[Opening DATA EXTRACTS section]

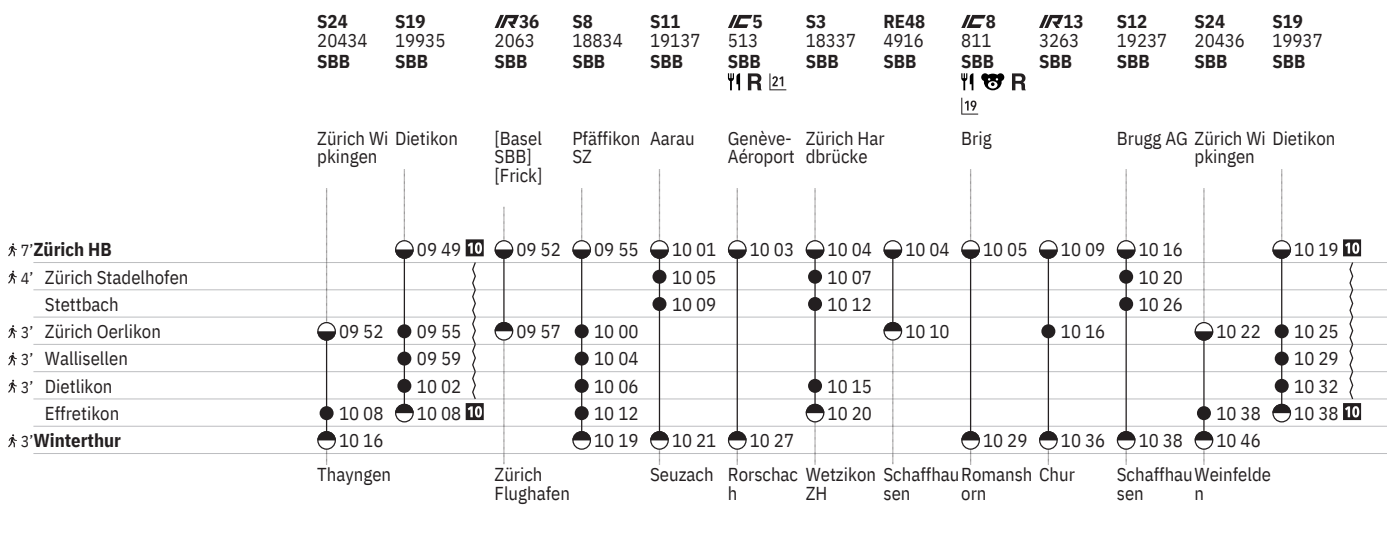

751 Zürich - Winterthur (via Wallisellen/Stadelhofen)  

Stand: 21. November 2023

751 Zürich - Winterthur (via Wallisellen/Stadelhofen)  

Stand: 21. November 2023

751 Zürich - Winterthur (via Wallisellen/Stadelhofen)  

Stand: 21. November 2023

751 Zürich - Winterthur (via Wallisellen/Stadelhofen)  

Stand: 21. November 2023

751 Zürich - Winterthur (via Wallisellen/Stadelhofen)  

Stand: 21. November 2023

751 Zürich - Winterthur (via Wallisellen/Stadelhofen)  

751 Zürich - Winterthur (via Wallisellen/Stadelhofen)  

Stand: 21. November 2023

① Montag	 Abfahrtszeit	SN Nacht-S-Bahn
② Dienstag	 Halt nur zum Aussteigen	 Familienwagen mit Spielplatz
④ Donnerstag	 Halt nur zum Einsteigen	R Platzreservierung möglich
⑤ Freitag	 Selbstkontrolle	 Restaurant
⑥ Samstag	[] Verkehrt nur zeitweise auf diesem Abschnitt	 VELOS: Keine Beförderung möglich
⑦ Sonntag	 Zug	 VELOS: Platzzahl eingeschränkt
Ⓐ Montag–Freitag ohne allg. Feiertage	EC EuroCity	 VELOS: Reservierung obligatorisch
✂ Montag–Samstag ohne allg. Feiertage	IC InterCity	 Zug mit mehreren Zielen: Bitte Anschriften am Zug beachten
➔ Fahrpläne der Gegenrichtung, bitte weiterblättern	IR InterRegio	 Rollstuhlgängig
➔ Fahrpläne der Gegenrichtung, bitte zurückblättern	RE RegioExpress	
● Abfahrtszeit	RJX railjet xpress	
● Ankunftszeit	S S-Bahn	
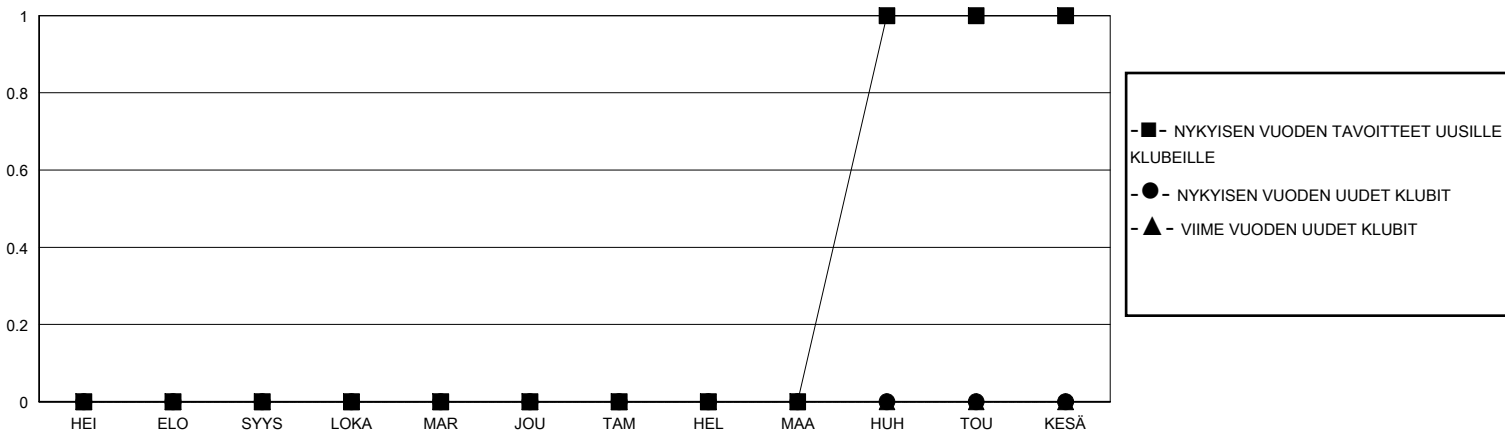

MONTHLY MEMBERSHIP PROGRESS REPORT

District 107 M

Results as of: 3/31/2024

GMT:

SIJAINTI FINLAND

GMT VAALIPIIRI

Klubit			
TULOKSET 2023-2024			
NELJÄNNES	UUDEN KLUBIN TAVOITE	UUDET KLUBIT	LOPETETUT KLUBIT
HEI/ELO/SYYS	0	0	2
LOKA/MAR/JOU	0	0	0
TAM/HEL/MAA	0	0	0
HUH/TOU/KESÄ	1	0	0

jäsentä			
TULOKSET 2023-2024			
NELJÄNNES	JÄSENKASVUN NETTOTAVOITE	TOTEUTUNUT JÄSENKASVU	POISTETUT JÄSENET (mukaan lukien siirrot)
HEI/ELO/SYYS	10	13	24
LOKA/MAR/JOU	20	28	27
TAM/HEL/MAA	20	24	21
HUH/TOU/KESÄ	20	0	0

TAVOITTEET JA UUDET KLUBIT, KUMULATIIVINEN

[Closing DATA EXTRACTS section]

• **WHAT YOU WILL DO**:
Among the records above, find each line holding "NELJÄNNES" and list it.

• **ANSWER SPACE**:
NELJÄNNES	UUDEN KLUBIN TAVOITE	UUDET KLUBIT	LOPETETUT KLUBIT
NELJÄNNES	JÄSENKASVUN NETTOTAVOITE	TOTEUTUNUT JÄSENKASVU	POISTETUT JÄSENET (mukaan lukien siirrot)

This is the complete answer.